Other programs exist which can perform these functions, but the problem with all of them is that 
they use a proprietary data format which cannot be used for any other purpose. 



7. SGML, HTML and XML 

The relationship between SGML and the HyperText Markup Language (HTML) needs to be 
clearly understood. Although not originally designed as such, HTML is now an SGML 
application, even though many HTML documents exist which cannot be validated according to 
the rules of SGML. HTML consists of a set of elements which are interpreted by Web browsers 
for display purposes. The HTML tags were designed for display and not for other kinds of 
analysis, which is why only crude searches are possible on Web documents. HTML is a rather 
curious mixture of elements. Larger ones such as <body>, <hl> etc, <p> for paragraph, <ul> 
for unordered list are structural, but the smaller elements such as <b> for bold, <i> for italic are 
typographic, which, as we have seen above, is ambiguous and thus cannot be searched 
effectively.

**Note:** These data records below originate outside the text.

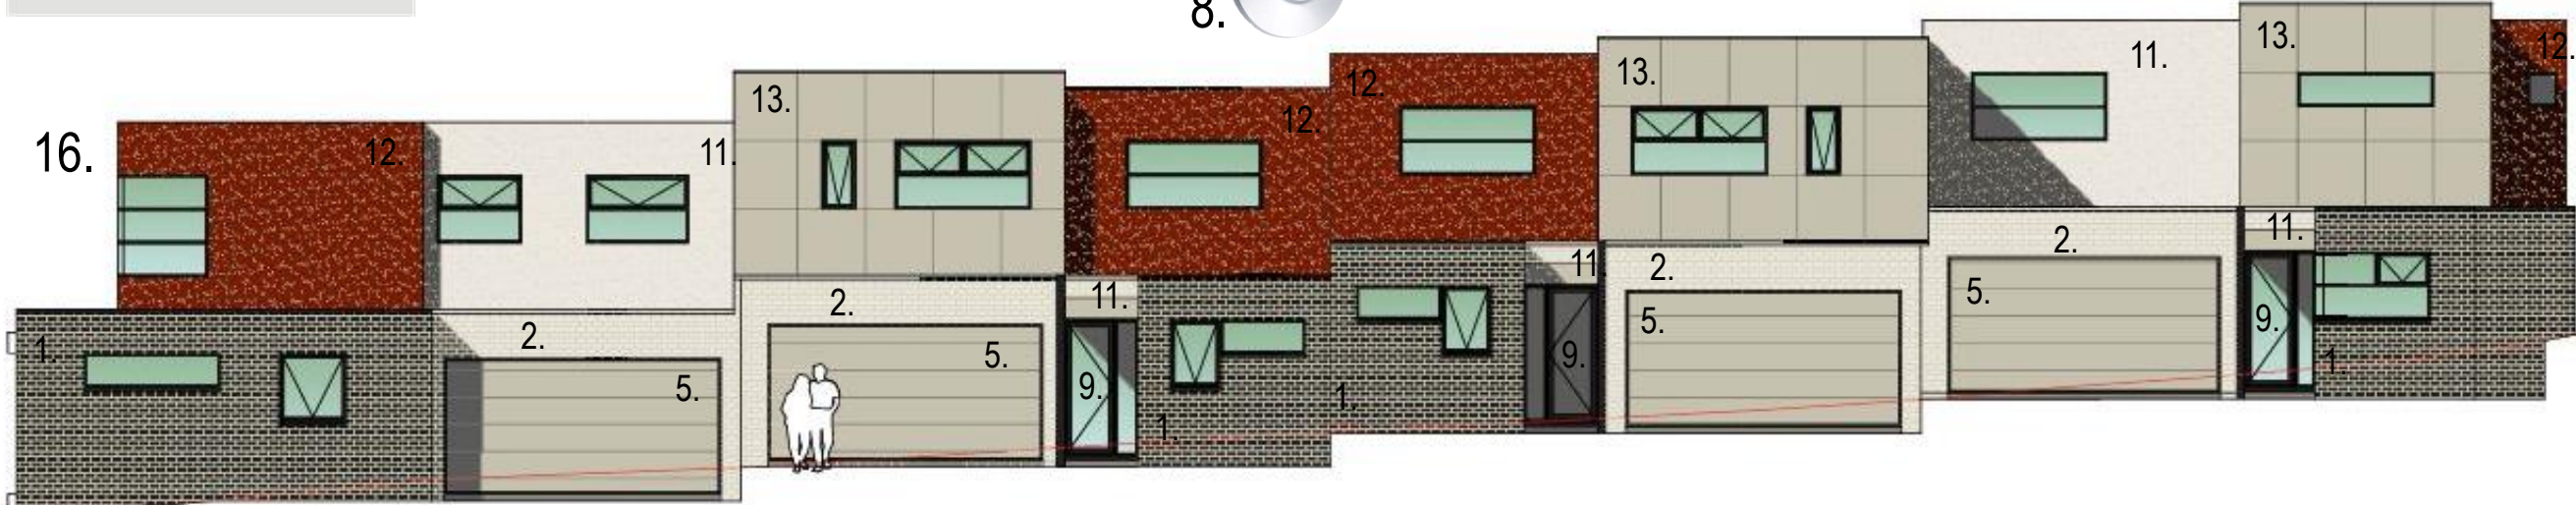

# CROMDALE

MOUNT MARTHA, VICTORIA

- TOWNHOUSES 2, 3, 4 -  
FFE SCHEDULES

NOTE colours throughout are not true colours, see live samples for true representation. It is the owners full responsibility to check the true colour samples prior to final selection.

12W  
Dulux

White On White W

Whisper White W

KITCHEN AND INTERNALS COLOURS KEY – 1. CAESARSTONE 'FRESH CONCRETE 4001'- 2. WESTINGHOUSE 720 RANGE HOOD 3. KIRRIBILLI KICTHEN HADLSES – 4. KITCHEN BASE CABINERY "CLASSIC WHITE SHEEN" - 5. KICKER 'MARINA GREY' – 6. WESTINGHOUSE DISHWASHER – 7. KITCHEN AND LAUNDRY TAP 'PHOENIX VIVID SLIMLINE ROUND' - 8. KITCHEN SINK 'FRANKE PACIFIC 1 ¾ BLOW' – 9. KITCHEN OVERHEADS 'NATURAL OAK' 20. WESTINGHOUSE 900 UNDEEBANCH OVEN 11. WESTINGHOUSE 900 GAS COOK TOP 12 HERBERT ST KITCHEN (SAME COLOUR SCHEME) – 13. BRUSHED CHROME DOWN LIGHTS -14. DULUX "WHITE ON WHITE PAINT (SKIRTINGS ARCHITRAVES AND CEILING ) – 15. INTERNAL WALLS PAINT COLOUR 'DULUX WHISPER WHITE' 16 . BEDROOMS CARPET 'HARVEST 185' -17. INTERNAL DOORS 'FLUSH' - 18 GPO'S AND POWERPOINTS THOUGHTOUT HOME 19. INTERNAL DOOR HANDLES 'MONTEBELLO' 20. 'MANTRA PARCHMENT' FOR THE BLOCK OUT ROLLER BLINDS – 21. 'WIND WHITE' SHEER ROLLERS.

HTML version 3 attempts to rectify this somewhat by introducing a few semantic 
level elements, but these are very few in comparison with those identified in the TEI core set. 
HTML can be a good introduction to structured markup. Since it is so easy to create, many 
projects begin by using HTML and graduate to SGML once they have got used to working with 
structured text and begin to see the weakness of HTML for anything other than the display of 
text. SGML can easily be converted automatically to HTML for delivery on the Web, and Web 
clients have been written for the major SGML retrieval programs. 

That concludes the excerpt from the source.